Cheng Fei, Li Huizhen, Brooks Bryan W, You Jing
Guangdong Key Laboratory of Environmental Pollution and Health, School of Environment, Jinan University, Guangzhou 511443, China.
Department of Environmental Science, Institute of Biomedical Studies, Center for Reservoir and Aquatic Systems Research, Baylor University, Waco, Texas 76798, United States.
Environ Sci Technol. 2021 Jul 6;55(13):8977-8986. doi: 10.1021/acs.est.1c00152. Epub 2021 Jun 18.

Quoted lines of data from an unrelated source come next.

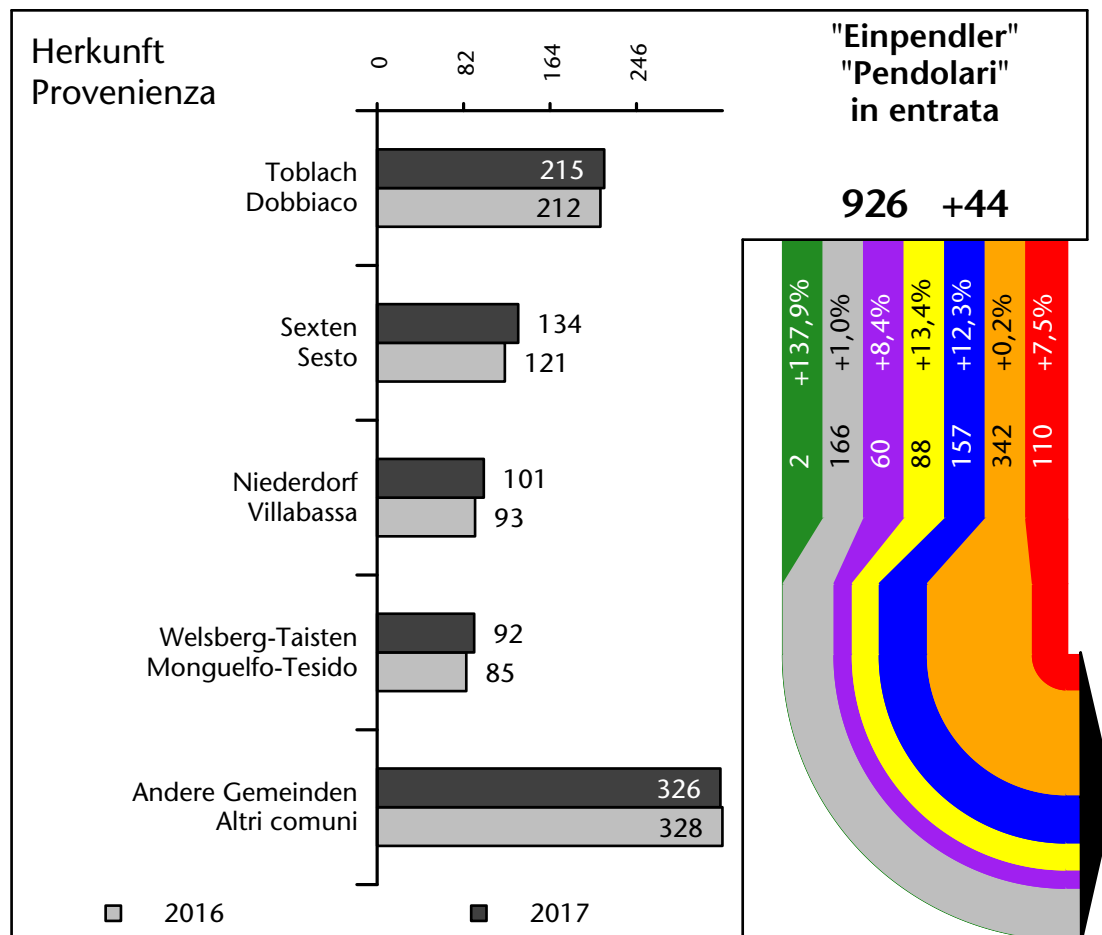

Arbeitnehmer u. eingetragene Arbeitslose mit Wohnort im Bezugsgebiet
Dipendenti e disoccupati iscritti domiciliati nel territorio di riferimento

1.420 +2,9%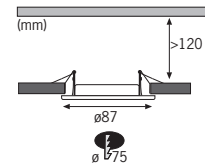

Hvid Biały Белый

incl. 3x11W
2700 K

EAN 4000870 994634
994.63 new

892.38

Jern børstet Żelazo szczotkowane Железо шероховатое

incl. 3x11W
2700 K

EAN 4000870 994627
994.62 new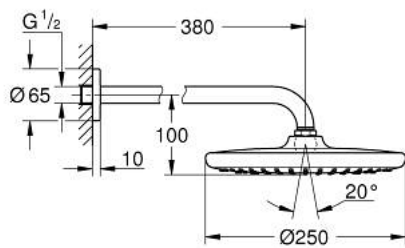

26 668 243 0 **TEMPESTA 250 ΣΕΤ ΚΕΦΑΛΗΣ ΝΤΟΥΣ 380ΜΜ, 1 ΛΕΙΤΟΥΡΓΙΑΣ**

ΠΕΡΙΓΡΑΦΗ ΠΡΟΪΟΝΤΟΣ

- Χρώμα: matte black
- αποτελούμενο από :
- head shower Tempesta 250
- spray pattern: Rain
- maximum flow rate (at 3 bar): 8.3 l/min
- head shower with rear cover in matching colour
- shower arm 380 mm
- GROHE EcoJoy - Less water, perfect flow
- GROHE DreamSpray - perfect spray pattern
- GROHE SpeedClean σύστημα αποφυγής αλάτων ασβεστίου
- Inner WaterGuide - inner insulation for surface protection
- κατάλληλο για ταχυθερμοσίφωνες
- professional exclusive

26 668 243 0 **TEMPESTA 250 ΣΕΤ ΚΕΦΑΛΗΣ ΝΤΟΥΣ 380MM, 1 ΛΕΙΤΟΥΡΓΙΑΣ**

ΑΝΤΑΛΛΑΚΤΙΚΑ , Φεβρουαρίου 2023 – τώρα

1: Μόνωση $\varnothing 18,5 \times \varnothing 12 \times 2$ (Αριθμός ανταλλακτικού 0138900M)

2: Φίλτρο ακαθαρσιών (Αριθμός ανταλλακτικού 48007000)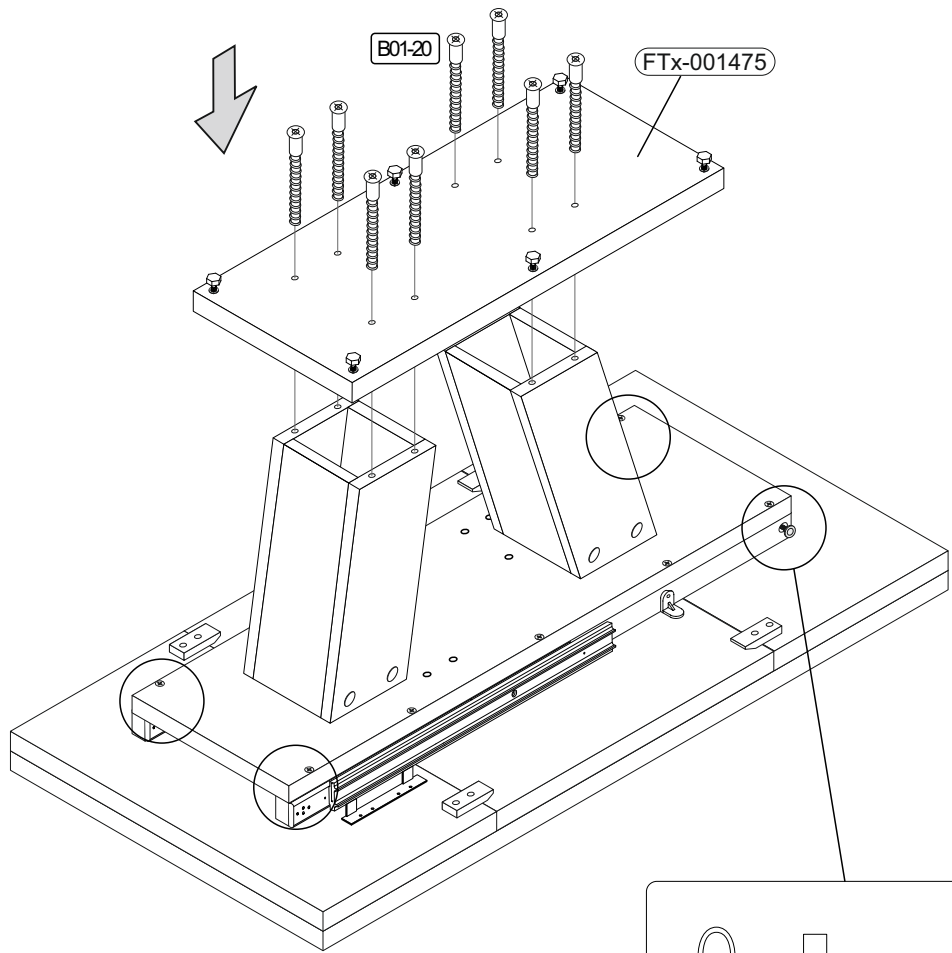

BT1-00520 Colli 3

B01-20	 7,0x70	B02-10	 ø15x12mm	B02-20		B02-183	 M6x20
8x		24x		24x		6x	
B01-380	 M6	B01-242	 SW 6	B05-20			
6x		1x		8x			

▶ SCAN ME

Colli 3/3

Die Schrauben B01-120 befinden sich im Colli 2/3.

Art.-Nr. :
0780-TP_160-260

Art.-Nr. :
0780-TP_180-280

Die Schrauben B01-552 befinden sich im Colli 2/3.

Der Tisch darf erst nach dem Einschieben der Ansatzplatten und der Fixierung mit der Schraube B01-552 auf den Boden gestellt werden!!!

Selection of toxicity endpoints affects outcomes of risk assessment. Scientific decisions based on more holistic evidence is preferable for designing bioassay batteries rather than subjective selections, particularly when systems are poorly understood. Here, we propose a novel event-driven taxonomy (EDT)-based text mining tool to prioritize stressors likely to elicit water quality deterioration. The tool integrated automated literature collection, natural language processing using adverse outcome pathway-based toxicological terminologies and machine learning to classify event drivers (EDs). From aquatic toxicity assessments within China over the past decade, we gathered over 14 000 sources of information. With a dictionary that included 1039 toxicological terms, 15 bioassay-related modes of actions were mapped, yet less than half of the bioassays could be elucidated by available adverse outcome pathways. To fill these mechanistic knowledge gaps, we developed a Naïve Bayesian ED-classifier to annotate apical responses. The classifier's 4-fold cross-validation reached 74% accuracy and labeled 85% bioassays as 26 EDs. Narcosis, estrogen receptor-, and aryl hydrogen receptor-mediators were the major EDs in aquatic systems across China, whereas individual regions had distinct ED fingerprints. The EDT-based tool provides a promising diagnostic strategy to inform region-specific bioassay design and selection for water quality assessments in a big data era.
毒性终点的选择会影响风险评估的结果。在设计生物测定组时,基于更全面证据的科学决策优于主观选择,尤其是在对系统了解不足的情况下。在此,我们提出一种基于新型事件驱动分类法(EDT)的文本挖掘工具,以对可能导致水质恶化的压力源进行优先级排序。该工具集成了自动文献收集、使用基于不良结局途径的毒理学术语的自然语言处理以及用于对事件驱动因素(ED)进行分类的机器学习。从过去十年中国的水生毒性评估中,我们收集了超过14000条信息来源。通过一个包含1039个毒理学术语的词典,绘制了15种与生物测定相关的作用模式,但可用的不良结局途径只能阐明不到一半的生物测定。为了填补这些机制知识空白,我们开发了一个朴素贝叶斯ED分类器来注释顶端反应。该分类器的4折交叉验证准确率达到74%,并将85%的生物测定标记为26种ED。麻醉、雌激素受体和芳基氢受体介导剂是中国水生系统中的主要ED,而各个地区有不同的ED特征。基于EDT的工具为大数据时代水质评估中针对特定区域的生物测定设计和选择提供了一种有前景的诊断策略。